Using the data beneath, show every line that includes the word "Height".
[Dataset entries]
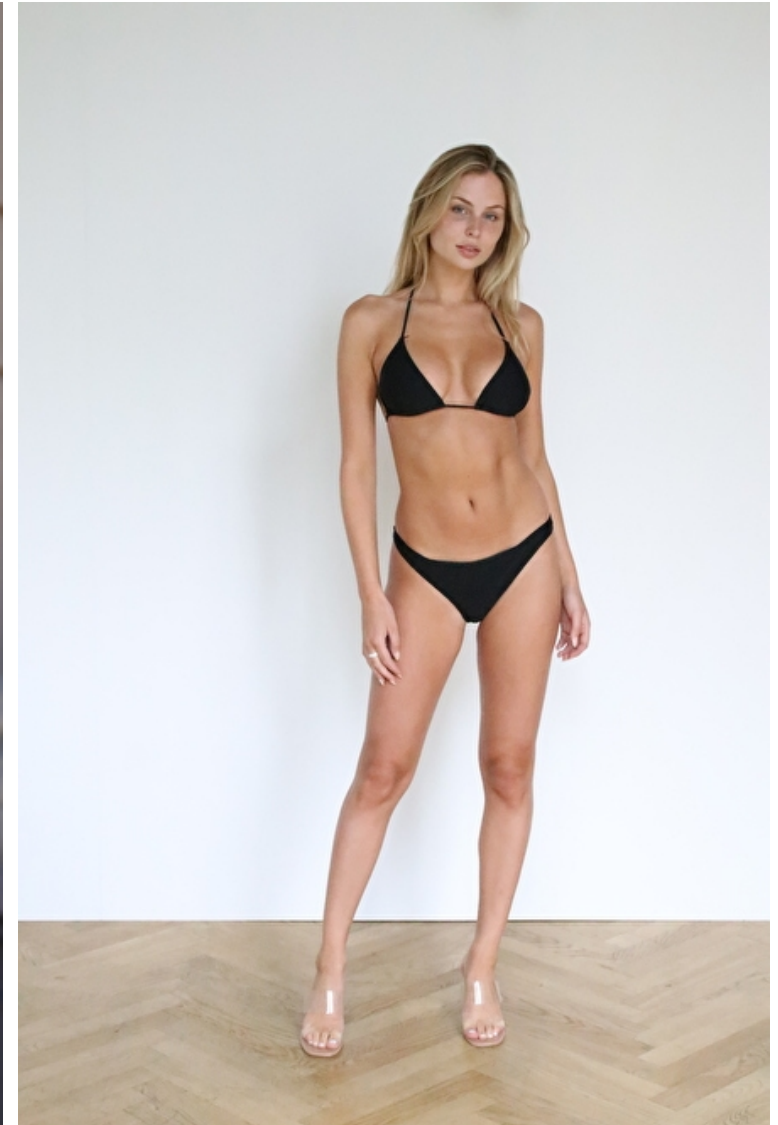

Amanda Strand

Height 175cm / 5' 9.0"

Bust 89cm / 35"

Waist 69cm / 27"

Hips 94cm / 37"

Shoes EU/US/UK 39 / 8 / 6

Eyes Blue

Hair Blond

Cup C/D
[/Dataset entries]
[Dataset entries]
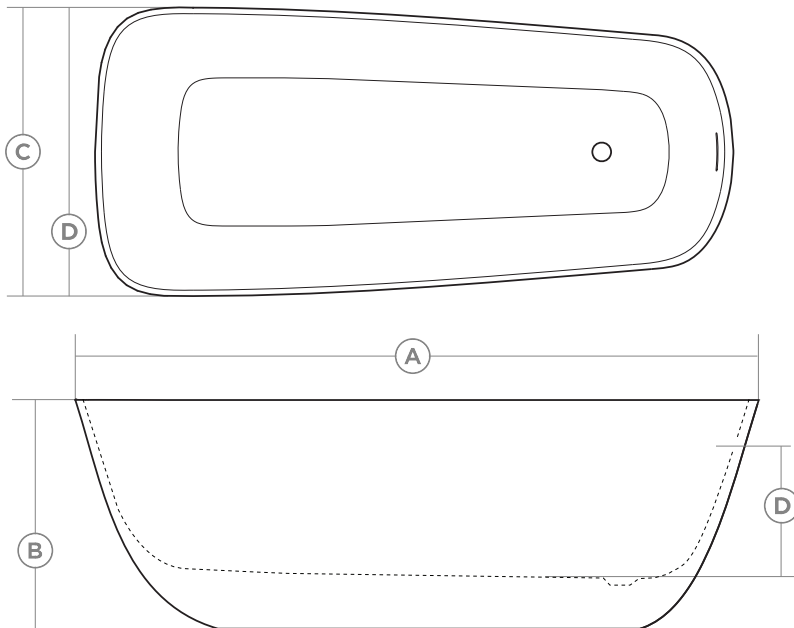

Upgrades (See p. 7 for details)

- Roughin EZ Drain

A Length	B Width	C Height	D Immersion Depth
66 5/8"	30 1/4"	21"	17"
[/Dataset entries]
• Task answer:
Height 175cm / 5' 9.0"
A Length	B Width	C Height	D Immersion Depth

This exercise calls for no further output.